Мы прошли в спальню, и она снова улеглась на свою роскошную кровать. Такую кровать только снимать в цветном кино.
— Скажите, месье…
— Робертс, Уильям Робертс.
— Извините, у меня в голове все смешалось. Как получилось, что вы узнали об этом несчастном случае?
Я чуть было не пустился в объяснения, но это заняло бы слишком много времени, а меня ждали более неотложные дела.
— В общем… я был в Блю-баре, когда туда позвонила ваша горничная, чтобы узнать, там ли вы. С барменом я на дружеской ноге…
— Мерзавка!
— Почему вы так говорите?
— Она ушла к своим родителям, зная, что мой муж попал в катастрофу! Все горничные таковы: неблагодарные, равнодушные…
Я подумал, что в самом ближайшем будущем мне ко всему прочему еще придется заняться реабилитацией этой девчонки.
— Не включайте свет и постарайтесь заснуть. А я почитаю в гостиной.
— Вы отличный парень, э-э-э… Как вас там?
— Уильям.
— Да, Уильям! Вы действительно отличный парень. Приходите как-нибудь вечером с женой и детьми.
— Мы будем очень рады, Люсьенн. А теперь — хватит разговаривать, я хочу, чтобы вы отдохнули.
И, потушив лампу, я вышел.
Я взял письмо Массэ. Мне надо было сравнить почерк, которым оно было написано, с посвящением на фотографии. Фотографию я, чтобы лучше рассмотреть, вытащил из рамки. После исследования почерков, у меня не осталось ни малейшего сомнения: письмо и посвящение написаны одной рукой.
Вывод: Жан-Пьер Массэ не погиб. Не считая его жены, невозможно было бы найти во всем мире человека, который радовался этому больше, чем я.
Выпив еще виски, я снова позвонил к Фергам. На этот раз трубку сняла Салли. Она даже заикалась от волнения.
— Вилли, что же, в конце концов, происходит?
— Ферг сказал тебе?
— Да. Ты сбил насмерть человека? Это ужасно, дорогой!
— Вовсе нет: он не погиб. Мне нужно навестить его в больнице. Начинайте ужинать без меня, я приеду через часок!

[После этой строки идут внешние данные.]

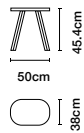

シーンに合わせて、サイズは6種類から。

50 STOOL

120 BENCHES

160 BENCHES

180 BENCHES

220 BENCHES

285 BENCHES

COLOR

Indoor/Outdoor

50 スツール ¥98,000

イロコホワイト
BYM05-1N

イロコブラック
BYM05-2N

Indoor/Outdoor

本体
L 500×W 380×H 454 mm 8 kg

梱包サイズ
L 610×W 483×H 152mm 9.1 kg

180 ベンチ ¥177,000

イロコホワイト
BYM18-1N

イロコブラック
BYM18-2N

Indoor/Outdoor

本体
L 1800×W 380×H 454 mm 25 kg

梱包サイズ
L 1905×W 483×H 152mm 27.2 kg

120 ベンチ ¥151,000

イロコホワイト
BYM12-1N

イロコブラック
BYM12-2N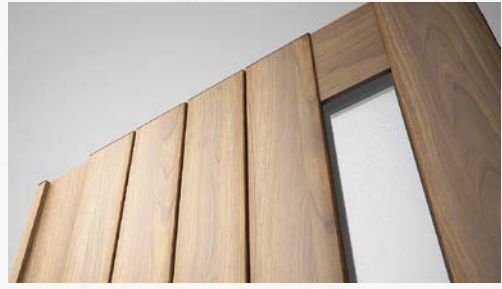

新たに4つのデザインが登場。
天然木の持つあたたかみを感じられる
ふっくらとした形状のデザインが、
くつろぎあふれる空間を演出します。

P19型

幅広の木目板とシンプルな1列スリットの組み合わせ。
やわらかな表情にモダンな印象を加えています。

P20型

玄関にあたたかみをもたらす板張り風デザイン。
光を採り込むスリット窓がアクセントになっています。

天然木の美しさ・やさしさを再現した
「ゆみなり形状」

自然の木を見たり、触れた時に感じられる心地よさを表現。
天然木の持つあたたかみが感じられるふっくらとした形状が、
住まいの顔を美しく、やさしく演出します。
(P19型・P20型・M31型)

断面イメージ

M31型

スリット上下のブラックパネルがアクセント。ナチュラルな木目のドアにほどよい重厚感を加えています。

P21型

シンプルな縦太格子を3本配置したデザイン。すっきりとした縦ラインが心地よいデザインです。

[DESIGN CONCEPT]

伝統的なスタイルにも、モダンな佇まいを。

ランダムに配置した格子が
味わい深い表情を演出。

— Хочешь, я приеду к тебе? Стив может подбросить меня.
— Не стоит, Салли. Уверяю тебя, через час я приеду.
Изобразив поцелуй, я быстро повесил трубку, пока моя жена не забросала меня новыми вопросами.
Ступая на цыпочках, я зашел в спальню посмотреть, как там Люсьенн. Она заснула, и в полумраке ее лицо показалось мне совершенно спокойным.
Так же на цыпочках выйдя, я потушил свет в гостиной и в холле. Ключи от входной двери торчали изнутри замочной скважины. Я положил их в карман и, выходя, просто захлопнул дверь за собой.
— Тот, о котором я говорю, казался мертвым!
— Значит, нужно справиться в морге.
Он показал мне дорогу, и я поехал по цементированной дорожке, огибавшей больничный здания. За матово-темными стеклами изредка мелькали какие-то тени. На этажах горели лишь синие лампочки дежурных постов. Для больных эта предновогодняя ночь не отличалась от других ночей. Для них она наступила уже давно.
Морг находился в соседнем здании, с хилым садиком из грустных елей перед фронтоном.
Меня встретил санитар в белом халате, поверх которого был надет фартук из грубой ткани. Лицо парня украшали огромные очки с такими выпуклыми стеклами, что он был похож на экзотическую рыбу. Перед каждой новой фразой он издавал мычание.
— Вы говорите, Жан-Пьер Массэ? Да, есть такой.
— Где он?
Разинув широко рот, санитар уставился на меня, как на новогоднюю витрину магазина.
— Да вы что, — пробормотал он, — где же ему быть? Лежит у меня в холодильнике!
— Я могу взглянуть на него?
Картина происшедшего нынешним вечером снова разваливалась на куски, все становилось совершенно неправдоподобным. Приехав в больницу, я надеялся на чудо, надеялся увидеть Массэ живым. А этот парень из морга уверял, что он умер!
— Вы его родственник?
— Нет.
— Друг?
— Именно так: друг.
— Ваш приятель неважно закончил этот год, а?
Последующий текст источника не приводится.